◆ ABOUT THIS TASK: Print out the data that follows exactly, character for character, apart from the pictures.

◆ RAW DATA:

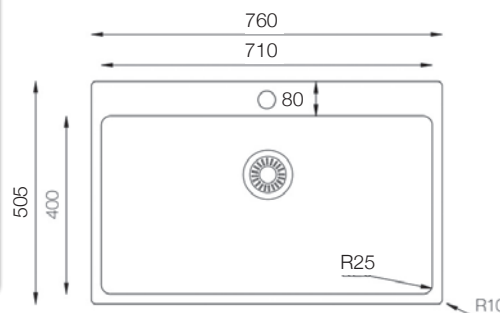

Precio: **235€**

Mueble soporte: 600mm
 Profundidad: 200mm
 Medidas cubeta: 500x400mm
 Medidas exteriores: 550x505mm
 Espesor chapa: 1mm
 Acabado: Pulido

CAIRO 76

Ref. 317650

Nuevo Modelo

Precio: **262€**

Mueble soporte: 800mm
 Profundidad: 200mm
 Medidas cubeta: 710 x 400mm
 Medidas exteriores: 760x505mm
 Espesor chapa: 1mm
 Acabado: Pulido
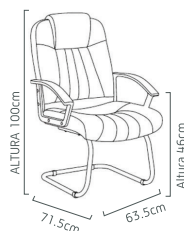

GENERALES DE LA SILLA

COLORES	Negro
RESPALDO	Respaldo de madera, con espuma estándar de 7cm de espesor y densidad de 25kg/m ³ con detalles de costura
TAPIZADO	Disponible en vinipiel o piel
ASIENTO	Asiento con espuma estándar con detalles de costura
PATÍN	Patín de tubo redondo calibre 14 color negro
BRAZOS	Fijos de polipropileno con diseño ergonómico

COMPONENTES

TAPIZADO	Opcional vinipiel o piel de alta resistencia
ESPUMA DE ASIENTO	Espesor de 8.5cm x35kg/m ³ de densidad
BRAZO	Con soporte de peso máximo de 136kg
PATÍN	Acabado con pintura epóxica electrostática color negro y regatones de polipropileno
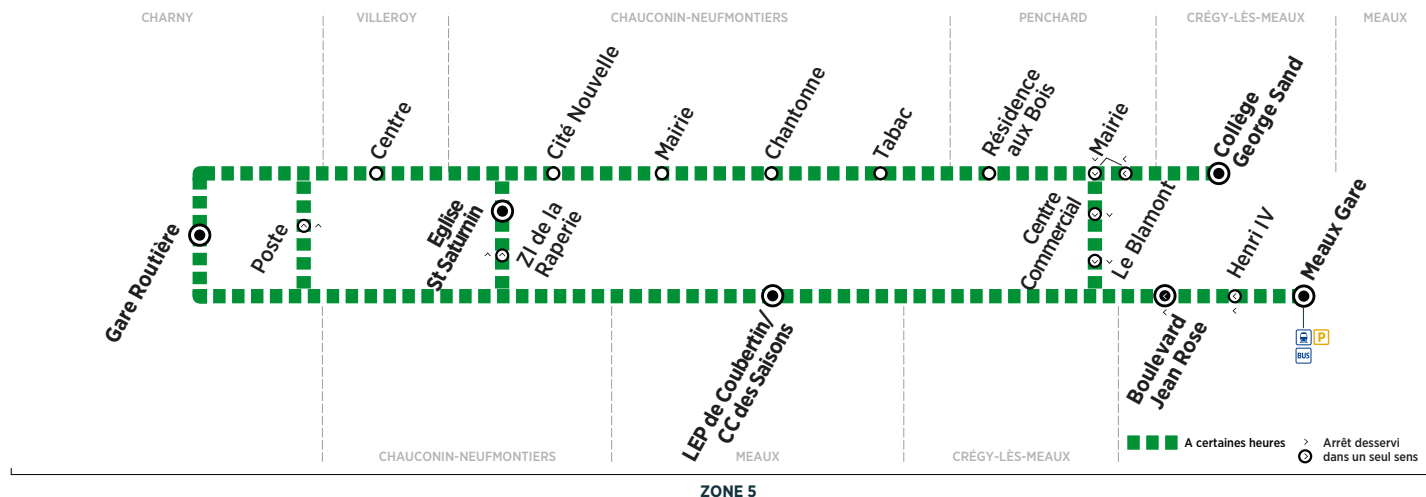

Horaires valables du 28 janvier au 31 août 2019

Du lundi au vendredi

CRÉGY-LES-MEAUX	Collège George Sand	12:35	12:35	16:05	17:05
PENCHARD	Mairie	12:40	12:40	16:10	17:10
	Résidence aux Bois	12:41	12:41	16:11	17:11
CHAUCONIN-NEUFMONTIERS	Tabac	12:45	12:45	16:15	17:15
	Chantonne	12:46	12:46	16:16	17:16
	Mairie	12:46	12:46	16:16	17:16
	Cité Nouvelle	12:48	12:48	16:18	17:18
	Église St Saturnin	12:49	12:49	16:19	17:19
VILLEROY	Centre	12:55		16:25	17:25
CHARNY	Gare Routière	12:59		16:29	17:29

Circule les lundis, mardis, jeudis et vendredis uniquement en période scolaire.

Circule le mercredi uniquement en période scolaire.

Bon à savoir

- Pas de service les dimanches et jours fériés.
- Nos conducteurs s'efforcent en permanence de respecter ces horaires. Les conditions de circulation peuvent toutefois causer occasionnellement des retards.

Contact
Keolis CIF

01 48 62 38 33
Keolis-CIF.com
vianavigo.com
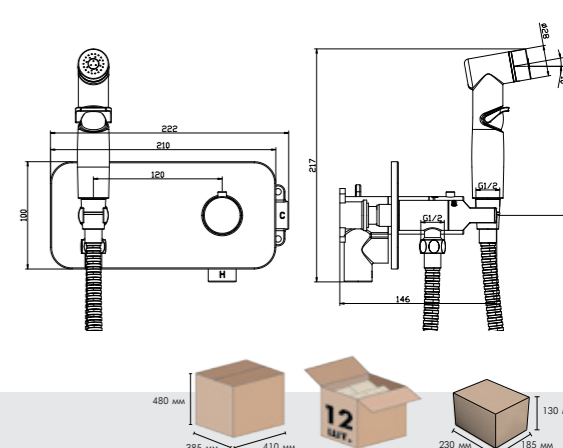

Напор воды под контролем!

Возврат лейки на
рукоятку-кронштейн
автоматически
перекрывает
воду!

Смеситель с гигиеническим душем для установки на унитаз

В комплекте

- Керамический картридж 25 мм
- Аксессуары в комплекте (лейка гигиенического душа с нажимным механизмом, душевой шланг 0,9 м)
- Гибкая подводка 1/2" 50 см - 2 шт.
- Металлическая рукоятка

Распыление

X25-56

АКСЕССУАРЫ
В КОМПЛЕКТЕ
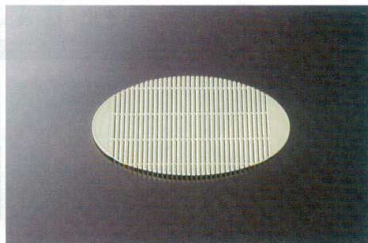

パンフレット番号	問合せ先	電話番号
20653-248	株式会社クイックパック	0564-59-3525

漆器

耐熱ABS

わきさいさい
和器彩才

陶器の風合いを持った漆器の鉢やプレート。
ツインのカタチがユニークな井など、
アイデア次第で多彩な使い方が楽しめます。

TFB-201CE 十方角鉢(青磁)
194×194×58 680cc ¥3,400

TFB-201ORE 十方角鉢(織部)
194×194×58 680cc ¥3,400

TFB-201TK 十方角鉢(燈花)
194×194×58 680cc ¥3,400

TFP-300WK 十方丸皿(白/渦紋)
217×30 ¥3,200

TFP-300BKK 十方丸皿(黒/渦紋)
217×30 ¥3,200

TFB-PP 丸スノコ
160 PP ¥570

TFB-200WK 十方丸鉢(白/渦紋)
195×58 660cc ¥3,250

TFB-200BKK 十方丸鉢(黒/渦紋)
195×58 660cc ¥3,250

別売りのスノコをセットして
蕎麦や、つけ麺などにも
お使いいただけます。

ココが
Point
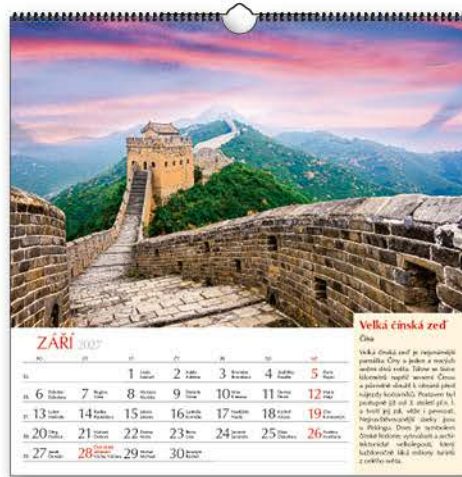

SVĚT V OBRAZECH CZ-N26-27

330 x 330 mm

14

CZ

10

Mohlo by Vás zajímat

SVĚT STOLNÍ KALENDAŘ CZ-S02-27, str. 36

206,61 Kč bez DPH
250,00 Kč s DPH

◆ EXERCISE RESULT:
Precio: **235€**

Mueble soporte: 600mm
 Profundidad: 200mm
 Medidas cubeta: 500x400mm
 Medidas exteriores: 550x505mm
 Espesor chapa: 1mm
 Acabado: Pulido

CAIRO 76

Ref. 317650

Nuevo Modelo

Precio: **262€**

Mueble soporte: 800mm
 Profundidad: 200mm
 Medidas cubeta: 710 x 400mm
 Medidas exteriores: 760x505mm
 Espesor chapa: 1mm
 Acabado: Pulido

GENERALES DE LA SILLA

COLORES	Negro
RESPALDO	Respaldo de madera, con espuma estándar de 7cm de espesor y densidad de 25kg/m ³ con detalles de costura
TAPIZADO	Disponible en vinipiel o piel
ASIENTO	Asiento con espuma estándar con detalles de costura
PATÍN	Patín de tubo redondo calibre 14 color negro
BRAZOS	Fijos de polipropileno con diseño ergonómico

COMPONENTES

TAPIZADO	Opcional vinipiel o piel de alta resistencia
ESPUMA DE ASIENTO	Espesor de 8.5cm x35kg/m ³ de densidad
BRAZO	Con soporte de peso máximo de 136kg
PATÍN	Acabado con pintura epóxica electrostática color negro y regatones de polipropileno

Horaires valables du 28 janvier au 31 août 2019

Du lundi au vendredi

CRÉGY-LES-MEAUX	Collège George Sand	12:35	12:35	16:05	17:05
PENCHARD	Mairie	12:40	12:40	16:10	17:10
	Résidence aux Bois	12:41	12:41	16:11	17:11
CHAUCONIN-NEUFMONTIERS	Tabac	12:45	12:45	16:15	17:15
	Chantonne	12:46	12:46	16:16	17:16
	Mairie	12:46	12:46	16:16	17:16
	Cité Nouvelle	12:48	12:48	16:18	17:18
	Église St Saturnin	12:49	12:49	16:19	17:19
VILLEROY	Centre	12:55		16:25	17:25
CHARNY	Gare Routière	12:59		16:29	17:29

Circule les lundis, mardis, jeudis et vendredis uniquement en période scolaire.

Circule le mercredi uniquement en période scolaire.

Bon à savoir

- Pas de service les dimanches et jours fériés.
- Nos conducteurs s'efforcent en permanence de respecter ces horaires. Les conditions de circulation peuvent toutefois causer occasionnellement des retards.

Contact
Keolis CIF

01 48 62 38 33
Keolis-CIF.com
vianavigo.com

Напор воды под контролем!

Возврат лейки на
рукоятку-кронштейн
автоматически
перекрывает
воду!

Смеситель с гигиеническим душем для установки на унитаз

В комплекте

- Керамический картридж 25 мм
- Аксессуары в комплекте (лейка гигиенического душа с нажимным механизмом, душевой шланг 0,9 м)
- Гибкая подводка 1/2" 50 см - 2 шт.
- Металлическая рукоятка

Распыление

X25-56

АКСЕССУАРЫ
В КОМПЛЕКТЕ

パンフレット番号	問合せ先	電話番号
20653-248	株式会社クイックパック	0564-59-3525

漆器

耐熱ABS

わきさいさい
和器彩才

陶器の風合いを持った漆器の鉢やプレート。
ツインのカタチがユニークな井など、
アイデア次第で多彩な使い方が楽しめます。

TFB-201CE 十方角鉢(青磁)
194×194×58 680cc ¥3,400

TFB-201ORE 十方角鉢(織部)
194×194×58 680cc ¥3,400

TFB-201TK 十方角鉢(燈花)
194×194×58 680cc ¥3,400

TFP-300WK 十方丸皿(白/渦紋)
217×30 ¥3,200

TFP-300BKK 十方丸皿(黒/渦紋)
217×30 ¥3,200

TFB-PP 丸スノコ
160 PP ¥570

TFB-200WK 十方丸鉢(白/渦紋)
195×58 660cc ¥3,250

TFB-200BKK 十方丸鉢(黒/渦紋)
195×58 660cc ¥3,250

別売りのスノコをセットして
蕎麦や、つけ麺などにも
お使いいただけます。

ココが
Point

SVĚT V OBRAZECH CZ-N26-27

330 x 330 mm

14

CZ

10

Mohlo by Vás zajímat

SVĚT STOLNÍ KALENDAŘ CZ-S02-27, str. 36

206,61 Kč bez DPH
250,00 Kč s DPH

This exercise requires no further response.